I open my mouth, then close it. Because she’s not wrong.
“And now you’re here,” she continues, voice shaking slightly, “and you look at me like that and offer me Christmas and nearly kiss me under my sink and expect me to just… what? Slot back into place?”
“I don’t expect anything,” I say, but even I can hear the lie in it.
Silence. The kind that presses on your chest.
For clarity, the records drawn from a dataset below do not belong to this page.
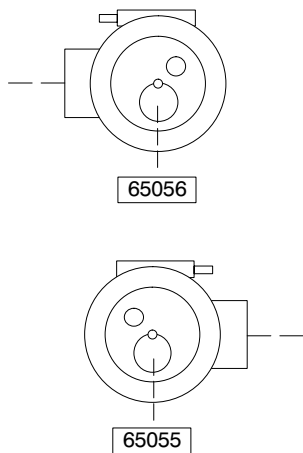

ORIENTATION
DETAILS

Suction Assy for Pump 60910
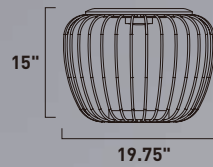

Finish: White (WT)

- Suitable for damp location
- Great for outdoor living spaces

E20578-WTNW
Stool or Table

C

E20577-WTNW
Stool or Table

B

	ITEM #	FINISH	LAMPING	DIMENSION	LUMENS			Additional Information
					CRI	INIT.	DEL.	
B	E20577	WTNW	7W PCB LED 3000K (Integrated)	19.75"W x 15"H	80+	576	470	
C	E20578	WTNW	7W PCB LED 3000K (Integrated)	24.75"W x 18.75"H	80+	576	382	
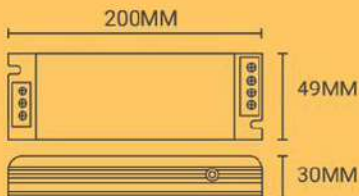

SWITCHING MODE POWER SUPPLY

Full Power

High Quality

Long Life

Air Cooling No Noise

Ingress Protection

Use For 24V Only
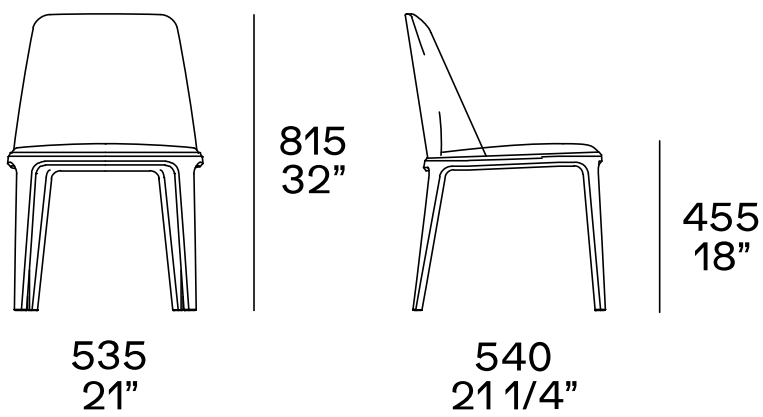

DESCRIPTION

Typology	Chair
Base	Solid wood
Seat / Backrest	Multi-density flexible moulded polyurethane
Pre-cover	Polyester fibre
Final cover	Not removable cover in fabric or leather

DIMENSIONS

With arms

Without arms
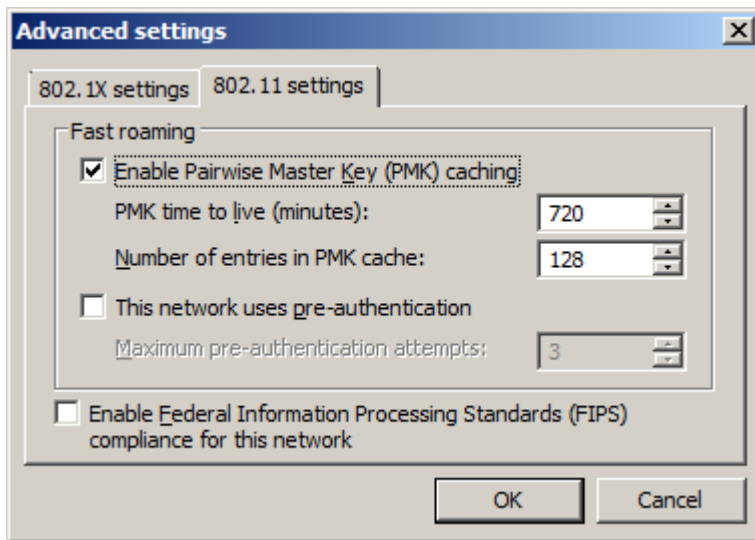

# WiFi 'residents' - Windows 7 Howto Guide

Following screenshots will guide you through the WiFi setting in Windows 7. Other versions of Windows should work almost the same, pictures may vary...

From:  
<https://wiki.cerge-ei.cz/> - **CERGE-EI Infrastructure Services**
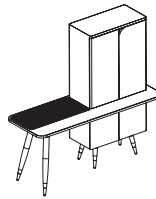

**Line Diagram**

Executive Desk

Mobile Side Unit

Mobile Pedestal

Credenza

**Specification**

*All sizes in CM*

Model	Length	Depth	Height
Impress Executive Desk	180/240	90	75
Impress Mobile Side Unit	120	44	65
Impress Mobile Pedestal	44.30	51	63.50
Impress Credenza	221.10	41	200

**Line Diagram**

Main Table

Return Unit

Storage Unit

Discussion Table

Marker Board

**Specification**

*All sizes in CM*
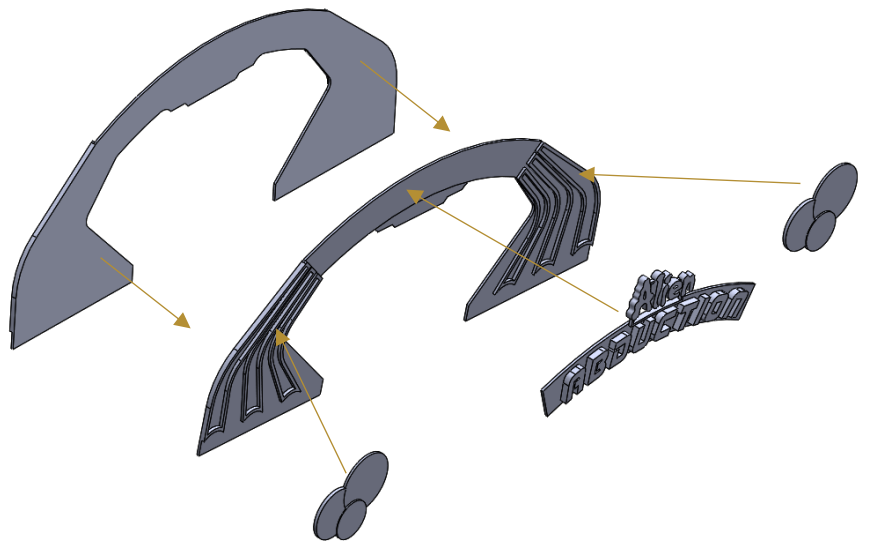

4

Slide switch up to turn on LED

5

6

“I’m not your safety net,” she says finally, softer now. “I’m not the girl you come home to when the rest of the world doesn’t work out.”
“That’s not…”
“Then what is it?” she demands.
And this is the moment. The one where I could say it properly. The whole thing. The fact that she never stopped being the baseline in my head. That every relationship since has felt slightly off because it wasn’t her. Instead, I do what I’ve always done. I pull back.
“I shouldn’t have come,” I say.
Her face changes. Not angry now. Just tired. “No,” she agrees quietly. “You shouldn’t have.”
She looks away, blinking what looks like tears springing up in her eyes. I look at her differently now. She’s not waiting. She never was. And if I want anything here, I’m going to have to stop half-saying it and start risking it. Even if that means losing her completely.